Simulations show potential of wind power expansion

Modern windmills atop a hill on a clear day.

Wind power surged worldwide in 2019, but can this growth be sustained? A study by Cornell University researchers used supercomputers at TACC and other centers to explore how wind power capacity in the U.S. can make an even bigger jump in the future.

"This research is the first detailed study designed to develop scenarios for how wind energy can expand from the current levels of seven percent of U.S. electricity supply to achieve the 20 percent by 2030 goal outlined by the U.S. Department of Energy National Renewable Energy Laboratory (NREL) in 2014," said study lead author Sara C. Pryor, a professor in the Department of Earth and Atmospheric Sciences, Cornell University.

Pryor and co-authors published the wind power study in Nature Scientific Reports, January 2020.

The study investigated plausible scenarios for how the expansion of installed capacity of wind turbines can be achieved without using additional land. It focused on a potential pitfall of adding more turbines in a given area: whether doing so might decrease their output or even disrupt the local climate, due to a phenomenon referred to as ‘wind turbine wakes.'

"This effect has been subject to extensive modeling by the industry for many years, and it is still a highly complex dynamic to model," Pryor said.

The researchers conducted simulations with the widely-used Weather Research Forecasting (WRF) model, developed by the National Center for Atmospheric Research. They applied the model to all 18,200 wind turbines operating over the eastern part of the U.S., where half of the current national wind energy capacity is located.
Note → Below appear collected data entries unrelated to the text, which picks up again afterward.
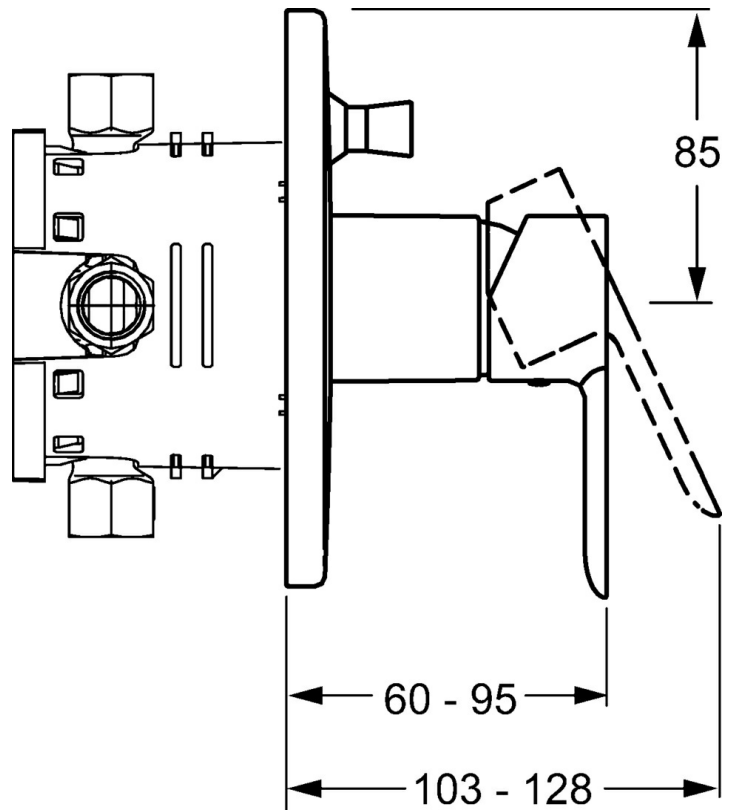

EAN: 4015474245136  
[static.hansa.com/43859503](https://static.hansa.com/43859503)

- Bathtub & Shower
- Single-lever, Trim Kit
- Concealed wall mounting
- Single operating lever/handle, Hot/Cold symbols
- Round rosette

### Flow properties

Flow-rate at 3 bar **22.2 / 21.0 l/min**

### Technical properties

Hot water supply **max. +80°C**  
 Working pressure **0.5-10 bar**

### SP43859503

	Name	Code
1	Lever	59913650
1.1	Screw, M5x8, SW2.5	59904755
1.3	Symbol plug Grey	59912112
2	Cover plate, d 170 mm Discontinued	59913403
2.1	Cover sleeve	59912511
2.2	O-ring, 41x3	59913215
2.4	Flow limiting cap	59912924
2.6	Push button	59913656
2.7	Supporting plate	59913048
2.8	O-ring, d 7.65x1.78	59902337
2.9	Fixing plate	59913034
2.10	Screw, M4,5x80	59912890
4	Cartridge, 3.5 Eco	59912324
4	Cartridge, 3.5 Classic	59913075
4.1	Temperature adjustment limiter	59912325
4.2	O-ring, d 28.24x2.62 Discontinued	59912590
4.3	Screw sleeve, M38x1	59912115
4.4	O-ring, d 10.10x1.60 Discontinued	59905072
5	Diverter	59912985
5.3	Sealing kit Discontinued	59912997
7	Functional unit, H/C reversed	59912978
7	Functional unit, 3.5 (2011-) Discontinued	59913380
7.1	Blind nut	59912984
7.4	Connection nipple, (2014-)	59913885
7.5	O-ring, d 14x2	59912982
N.I.	Raising kit, 20 mm	59912754

"For each wind turbine in this region, we determined their physical dimensions (height), power, and thrust curves so that for each 10-minute simulation period we can use a wind farm parameterization within WRF to compute how much power each turbine would generate and how extensive their wake would be," she said.

The authors chose two sets of simulation years because wind resources vary from year to year as a result of natural climate variability. The simulations were then repeated for a wind turbine fleet as of 2014, then for doubled installed capacity and quadrupled installed capacity, which represents the capacity necessary to achieve the 20 percent of electricity supply from wind turbines in 2030.

Their results showed that the U.S. could double or even quadruple the installed capacity with little change to system-wide efficiency. What's more, the additional capacity would make very small impacts on local climate. This is achieved in part by deploying next generation, larger wind turbines.

Said Pryor: "This work will benefit commercial and domestic electricity users by ensuring continued low electricity prices while helping to reduce global climate change by shifting toward a low-carbon energy supply."